ーー当時好きだった格闘ゲームは何ですか?
やっぱり「THE KING OF FIGHTERS」シリーズですかね。キャラクターが個性的だったし、1プレーで3キャラクター使える点もお得に感じていました。
ーー対戦にのめり込むようになったのはいつ頃でしたか?
中学に入ってからですね。学校の最寄り駅の近くに大きなゲーセンが2つあったんです。学校からは行ってはいけないと言われていましたが、入学初日から行きました(笑)。
それから毎日のように学校帰りに同級生たちとそのゲーセンに通うようになりました。自分は同級生の中では一番強くて、それまで特技と思えるものがなかった自分ですが、「俺って格闘ゲーム上手いんだな」と思えるようになりました。
格闘ゲームに自信が持てるようになると、今度は大会に出たいと思うようになりました。初めて出場したのが「燃えろ!ジャスティス学園」の大会で、とあるゲーセンの店舗大会でした。30人ほどの小さな大会でしたが、当時同級生たちとしか対戦していなかった自分がいきなり準優勝することができたんです。
それも自信になって、遠征にも行くようになりました。すると遠征先で仲間ができたりして、どんどん格闘ゲームにハマっていきました。
そして高校生ぐらいのころでしょうか、格闘ゲームにのめり込む最大のキッカケとなったのが「CAPCOM VS. SNK 2 MILLIONAIRE FIGHTING 2001」(以下、CVS2)との出会いです。ゲーム自体もめちゃめちゃ面白かったし、キャラクターも沢山いて、とても惹かれました。
ーーマゴ選手がプレーヤーとして有名になったのはいつ頃でしたか?
「CVS2」をやるようになってから、さらにゲーム仲間が増えました。そこで知り合った強い人たちは皆「新宿にヤバいゲーセンがある、やる気があるなら行ってみるといい」と言うんです。
そのゲーセンは「新宿モア」という今はないゲーセンなのですが、初めて行ったときは驚きました。当時は格闘ゲームプレーヤーたちのメッカとして有名だった場所なのですが、そこで対戦レベルは他とは比べ物にならないくらい高いんです。

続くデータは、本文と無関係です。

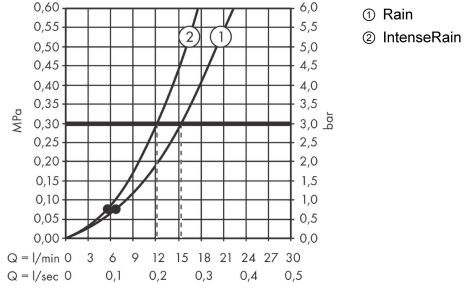

**Vernis Blend****Duş askı seti Vario, 160 cm duş hortumu ile**Renk: **krom** Ürün Kodu: **26273000****Açıklamalar****Özellikler**

- şunları içerir: el duşu, duş askısı, duş hortumu
- Duş başlığı ölçüsü: 100 mm
- entegre askı
- sprej türü: Rain, IntenseRain
- döner sprej diski ile sprej türü değişimi
- maksimum akış miktarı 3 bar basınçta: 15,2 l/dk
- hortum bükülmelerine karşı hareketli bağlantı
- iki taraflı konik somuna sahip duş hortumu
- Plastik duş askısı
- apliance: vidalı bağlantı
- temizlenebilir filtreler
- ses sınıfı: I
- akış miktarı sınıfı: B

**Teknoloji****Ürün Resmi****Teknik Çizim**

**Vernis Blend****Duř askı seti Vario, 160 cm duř hortumu ile**

Renk: krom Ürün Kodu: 26273000

**Akış diyagramı**

Tüketim değerleri uygulamalı olarak ilgili armatürlerle (termostat/karıştırıcı/sıva altı valf) ölçülmüştür.
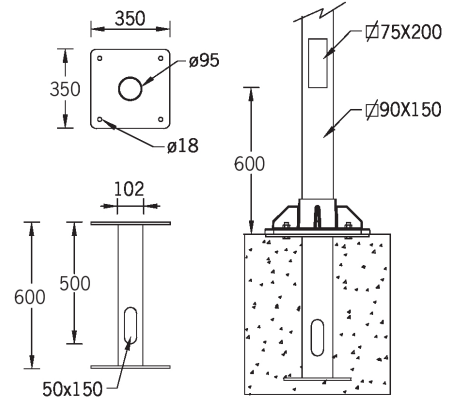

**Root mount kit (A21091)**

A21091

**Product description****Technical information****Material**

Galvanised Steel
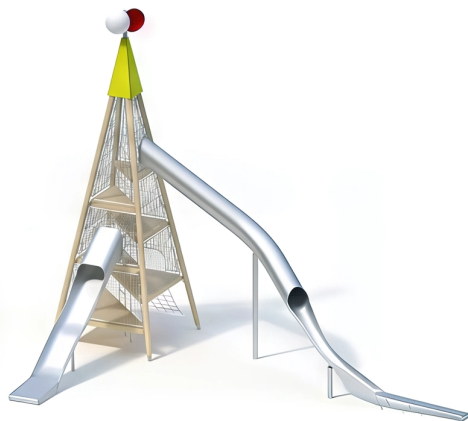

BESCHREIBUNG

Große Spielpyramide mit Kletternetz und Rutschen
Plattformhöhe: 1,00 bis 6,00 m
Einbauhöhe der Rutschen: 3,00 und 6,00 m
Pfosten: Laminiertes Lärchenholz, ø 20 cm, auf Sockeln aus feuerverzinktem Stahl – Plattformen: Robinienholz 95 x 30 mm – Kletternetz: Hercule-Seile ø 16 mm mit Stahlkern, Maschenweite 300 x 300 mm – Schutzgitter: geschweißte Konstruktion aus Edelstahlrohren ø21/33,7 mm, mikrosandgestrahlt, Befestigung mit Schraubflanschen an Pfosten – Oberseite: HPL 15 mm und Rotor
30°-Rohrrutsche aus 2,5 mm starkem Edelstahl – Breite: 0,80/0,60 m – Einstiegshöhe: 6,10 m – Aufbau: Edelstahlsegmente einschließlich Stützpfeiler aus Edelstahlrohr ø 120 mm
Offene Rutsche aus Edelstahl 2,5 mm – Breite: 1,10 m – Einstiegshöhe: 3,10 m – Neigung: 36° – Aufbau: geschweißte Monoblockkonstruktion aus Edelstahl einschließlich Stützpfeiler aus Edelstahlrohr ø120 mm

MATERIALIEN

• Robinie • Brettschichtholz • HPL • Seil • Edelstahl

PRODUKTEIGENSCHAFTEN

PRODUKTFAMILIE : Große Spieltürme

HERSTELLER : KAISER & KÜHNE

MATERIAL : Robinie Brettschichtholz HPL Seil Edelstahl

MINDESTALTER : 5 Jahre Erwachsene

EINSATZBEREICH : Urban Natürlich

AKTIVITÄT : Gemeinsam spielen / teilen Rutschen Klettern

NORMEN : EN 1176 ISO 9001 ISO 14001

SPIELPLÄTZE & SPIELRÄUME

GROSSE SPIELTÜRME

ART.-NR. : 9-12105-006
KAISER & KÜHNE

SPIELPLÄTZE & SPIELRÄUME

GROSSE SPIELTÜRME

ART.-NR. : 9-12105-006
KAISER & KÜHNE

Datum der Veröffentlichung des Datensatzes: 23.06.2026 13:28:18

Web-Produktseite : [9-12105-006](#)

Visuel indisponible

9-12105-006_ALOHA
Thème ALOHA

当時はお金もなかったので、150円ほどのコインを握りしめ、ハイレベルな対戦をひたすら見ていました。相手の癖を観察して「よし、勝てる!」と思って乱入するんですが、それでも即負けてしまっていました(笑)。
それから「モアで勝てるようになりたい!」と無我夢中で、新宿に近い友達の家に居候したりしながら、週4~5でモアに通うようになりました。
ーーとにかく「勝ちたい」と?
そうですね、明確に目指しているものとかはなく、ただただ「CVS2」が楽しかったんです。当時は寝てる時間以外は全てゲームのことを考えていましたね。
最初は「システム頼り」と言われて周りから認められなかったりもしましたが、それでもがむしゃらに練習しつづけて。気づいたらモアでも勝てるようになっていましたね。
当時の自分を象徴するようなエピソードが一つあります。当時「闘劇」という格闘ゲームの全国大会があったのですが、「闘劇」前になると、地方の猛者たちが皆モアにやってきて大会前の最終調整をするんです。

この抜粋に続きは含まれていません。